Blackburn frôle l'exploit contre Wolves
Sur le papier, c’était presque un mismatch. Sur le terrain, ce fut tout autre chose. Blackburn Rovers a livré une prestation dont le club peut se targuer longtemps, mais quand le coup de sifflet final a retenti, le sentiment était celui d’une défaite.
Le choc des budgets, pas des idées
Dès la publication du calendrier de Championship en juin, cette affiche avait tout du piège pour des Rovers en souffrance la saison passée. Un visuel télé a résumé le fossé : le onze de départ de Wolves, 98,3 millions de livres à assembler. Celui de Blackburn, 6,9 millions.
Heureusement pour Tony Mowbray et les siens, l’argent ne marque pas les buts.
Dans un stade chauffé à blanc, les deux tribunes ont répondu présentes. Les supporters de Wolves pensaient sans doute vivre une soirée tranquille. Ils ont vite compris que Blackburn n’était pas venu pour faire de la figuration. Les hommes de Mowbray ont rendu coup pour coup.
Munetsi frappe, McLoughlin répond
Wolves a tout de même frappé en premier. Une percée de Munetsi, plein axe, a mis Rovers en difficulté. Le milieu a profité d’un espace trop généreux entre Ryan Alebiosu et Tom Atcheson pour aller au bout de son action et ouvrir le score. Trop de temps, trop de liberté, et la sanction est tombée.
Rovers aurait pu s’effondrer. Ils ont fait l’inverse.
Ils ont relevé la tête et égalisé grâce à Sean McLoughlin, auteur de son premier but depuis 2019. Une course tranchante, un coup de tête puissant, et le ballon au fond. Une réalisation qui a donné des idées à Mowbray, lui qui réclame à ses défenseurs centraux une contribution offensive digne de sa propre carrière, autour d’une demi-douzaine de buts par saison.
Un partout à la pause, et la sensation que le rapport de force s’équilibrait vraiment.
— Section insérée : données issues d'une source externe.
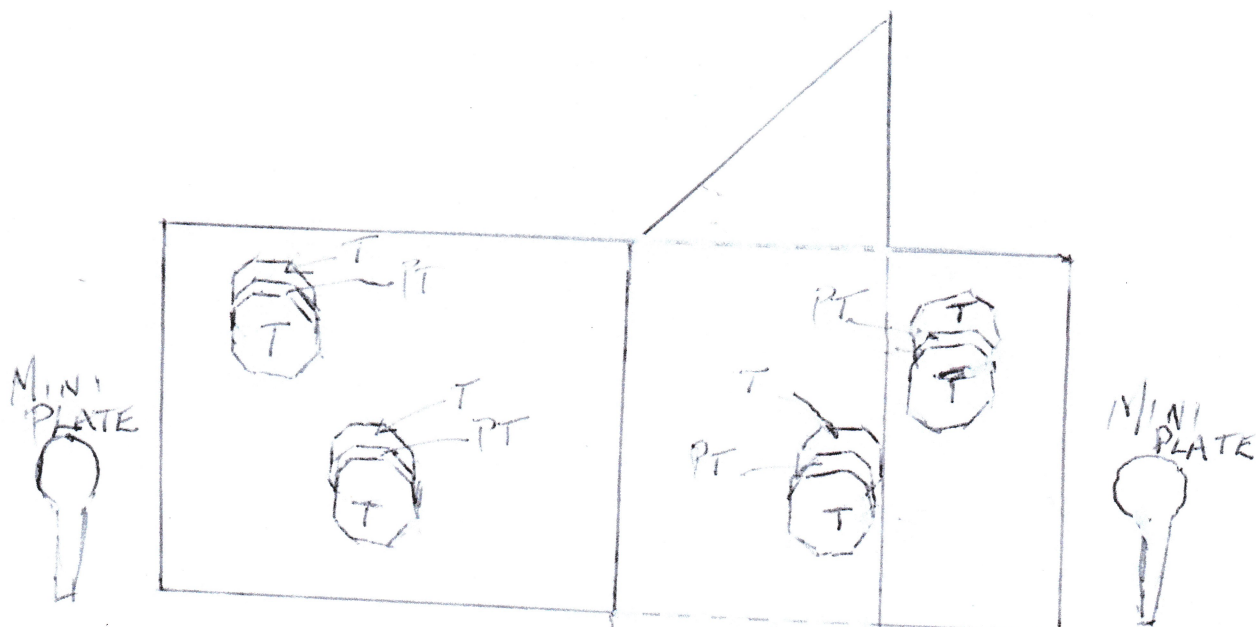

• T6 + PP3 + T3 shoot from multiple positions.

• Target P3 is only visible from T9 port which makes it from that port.

STAGE 2 - RANGE 2 - SATURDAY

12 IPSC TARGETS
4 PENALTY TARGETS
24 ROUNDS

START; ANYWHERE BEHIND
FAULT LINE. DEFAULT
POSITION.

SATURDAY

Range 4

Stage 5

Start Loaded Holstered Toes on Mark A

13 IPSC Targets

2 Steel

28 Rnds

Note: P1 + P2 Activate T1 + T13

Note: P1 + P2 Activates T1 + T13

Sunday move T10 to make visible from 2 ports
 move T12 to LH side ??

MINI PLATE

2M REARWARD

SUNDAY RANGE 5

BRIEFING :

TARGETS : 8 FULL SIZE
2 MINI PLATES

ROUNDS : 18

Afolayan en feu, Gudjohnsen en pur numéro 9
Au retour des vestiaires, Blackburn est reparti pied au plancher. Dapo Afolayan, dans ce qui restera comme sa meilleure soirée depuis son arrivée au club, a d’abord obligé Daniel Bentley à une belle parade du bout des doigts.
Puis est venu le bijou de la soirée.
Morishita a trouvé une ligne de passe que personne n’avait vue, une merveille de ballon renversé dans la course d’Afolayan. Sans paniquer, ce dernier a servi Andri Gudjohnsen, idéalement placé, qui a conclu de près.
Gudjohnsen a troqué cet été un autre numéro pour le 9, et ses deux buts depuis le début de saison portent déjà la marque des grands attaquants de l’histoire récente de Rovers ayant porté ce chiffre : présence, timing, finition clinique.
À ce moment-là, Blackburn menait et maîtrisait. La preuve : Balazs Toth n’a eu qu’un seul véritable arrêt à effectuer de toute la soirée, quand Bentley, lui, a dû s’employer à trois reprises.
Quatre minutes de trop
Quand le panneau a affiché quatre minutes de temps additionnel, la rencontre est entrée dans une autre dimension. Il ne s’agissait plus d’attaquer, mais de gérer. Tenir le ballon loin de la surface, casser le rythme, grignoter des secondes.
Blackburn y est presque parvenu. Presque.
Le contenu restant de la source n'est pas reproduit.